Problem requirements> The expected output is the exact lines from the one containing "Empaque individual: Bolsa con 50 piezas" through the end of the data, inclusive, and nothing else.
----------
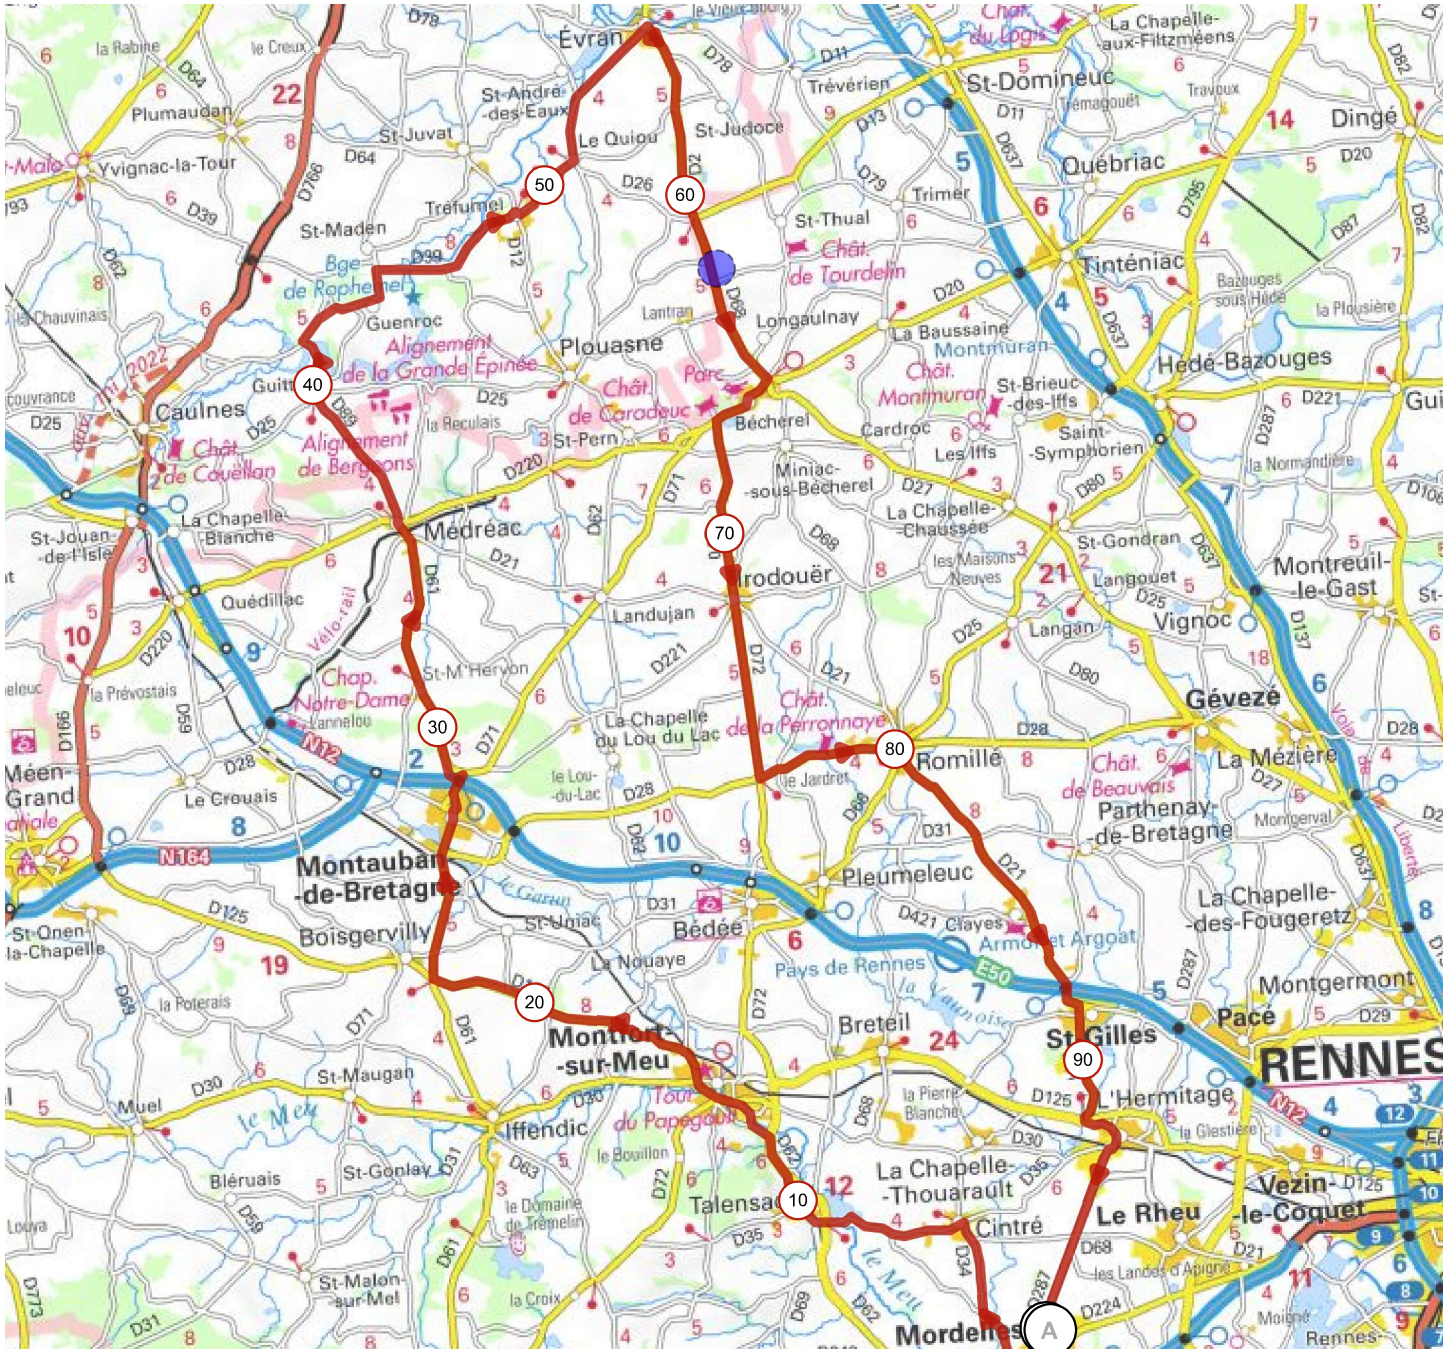

# 14619541 | Cyclisme - Route | 24 avril

Mordelles -> Mordelles

100.277 km 868 m 867 m 13 m 180 m

<5% <7% <10% <15% >15%

13m 180m 871m 871m

Leaflet | Powered by GraphHopper, © IGN France ign.fr

Le droit de reproduction est strictement réservé à un usage personnel et privé. Lors de la pratique de votre activité, veuillez à respecter les propriétés et chemins privés et assurez-vous de la praticabilité du parcours.

© 2022 Openrunner
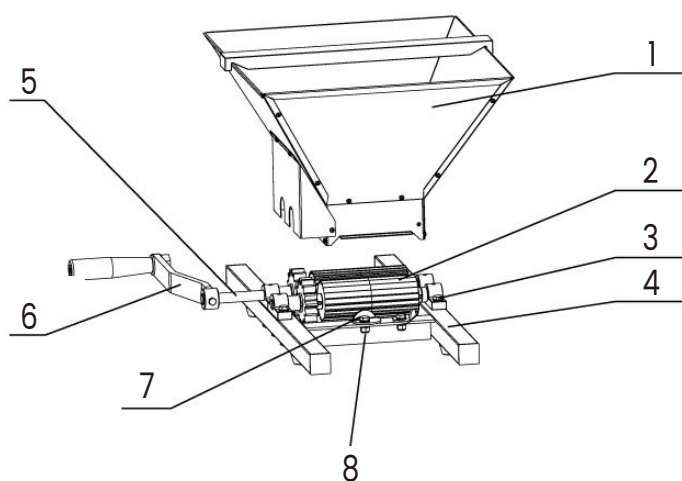

Cod produs: BY-WINE

Manual de utilizare

Zdrobitor de struguri

By-wine

Asamblarea cuvei

1A x 1

1B x 1

1C x 2

1D x 1

1E x 2

1F x 20

Desen	Nr.	Descriere
1	1A	Set cuvă
	1B	
	1C	
	1D	
	1E	
	1F	
2	02	Ax
3	03	M6x4 Set suruburi
4	04	Tub pătratic
5	05	Ax
6	06	Mâner
7	07	Placă de blocare
8	08	M6x6 Set bolt

1 - Structură zdrobitor de struguri
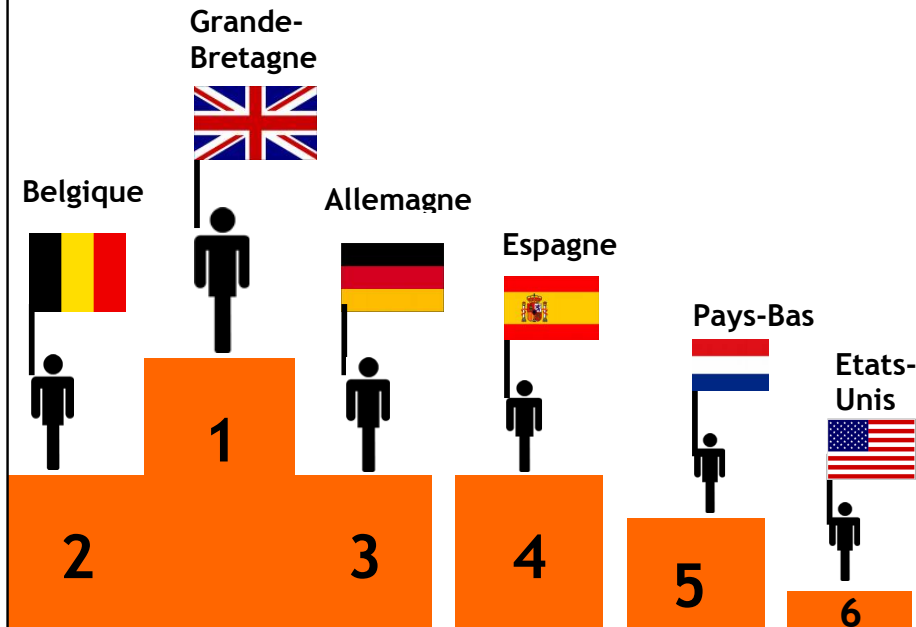

# HOTELS

2015

Sur 759 000 nuitées enregistrées en 2015

11,1 % de nuitées étrangères

Durée moyenne de séjour

Etrangère: 1,72 jours

# HOTELS

2014

Sur 738 610 nuitées enregistrées en 2014

12,8 % de nuitées étrangères

Durée moyenne de séjour

Etrangère: 1,72 jours

## HOTELS

2013

**Sur près de 756 340 nuitées enregistrées en 2013**  
**12,4 % de nuitées étrangères**

Durée moyenne de séjour  
Etrangère: 1,6 jours

## HOTELS

2012

**Sur près de 831 680 nuitées enregistrées en 2012**  
**13,3 % de nuitées étrangères**

Durée moyenne de séjour  
Etrangère: 1,6 jours
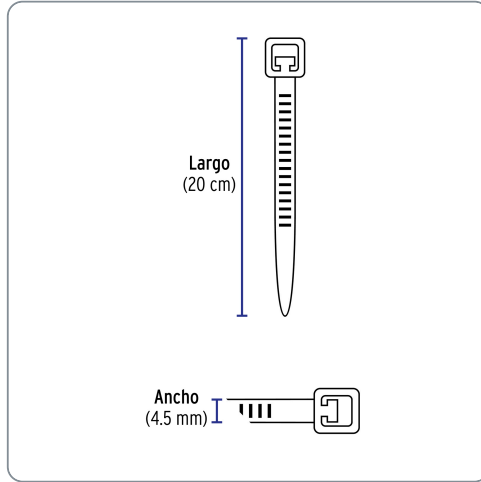

**VOLTECK** CÓDIGO: 44306 CLAVE: CIN-5020

**Bolsa con 50 cinchos plásticos 50 lb, 200 x 4.5 mm, natural**

- Fabricados en nylon
- Seguro automático

Especificaciones técnicas	
Resistencia a la tensión	23 kg (50 lb)
Largo	200 mm (20 cm)
Ancho	4.5 mm
Rango de temperatura de operación	-30 °C a 85 °C

Datos de empaque	
Empaque individual: Bolsa con 50 piezas	
Empaque logístico	Cantidad
Inner	20
Máster	120
Pallet	3240

Certificaciones y garantías
<ul style="list-style-type: none"> <li>• Producto garantizado contra defectos de fabricación o mano de obra. La garantía se puede hacer válida con cualquier distribuidor de Truper</li> </ul>
----------
Solution for this problem>
Empaque individual: Bolsa con 50 piezas	
Empaque logístico	Cantidad
Inner	20
Máster	120
Pallet	3240

Certificaciones y garantías
<ul style="list-style-type: none"> <li>• Producto garantizado contra defectos de fabricación o mano de obra. La garantía se puede hacer válida con cualquier distribuidor de Truper</li> </ul>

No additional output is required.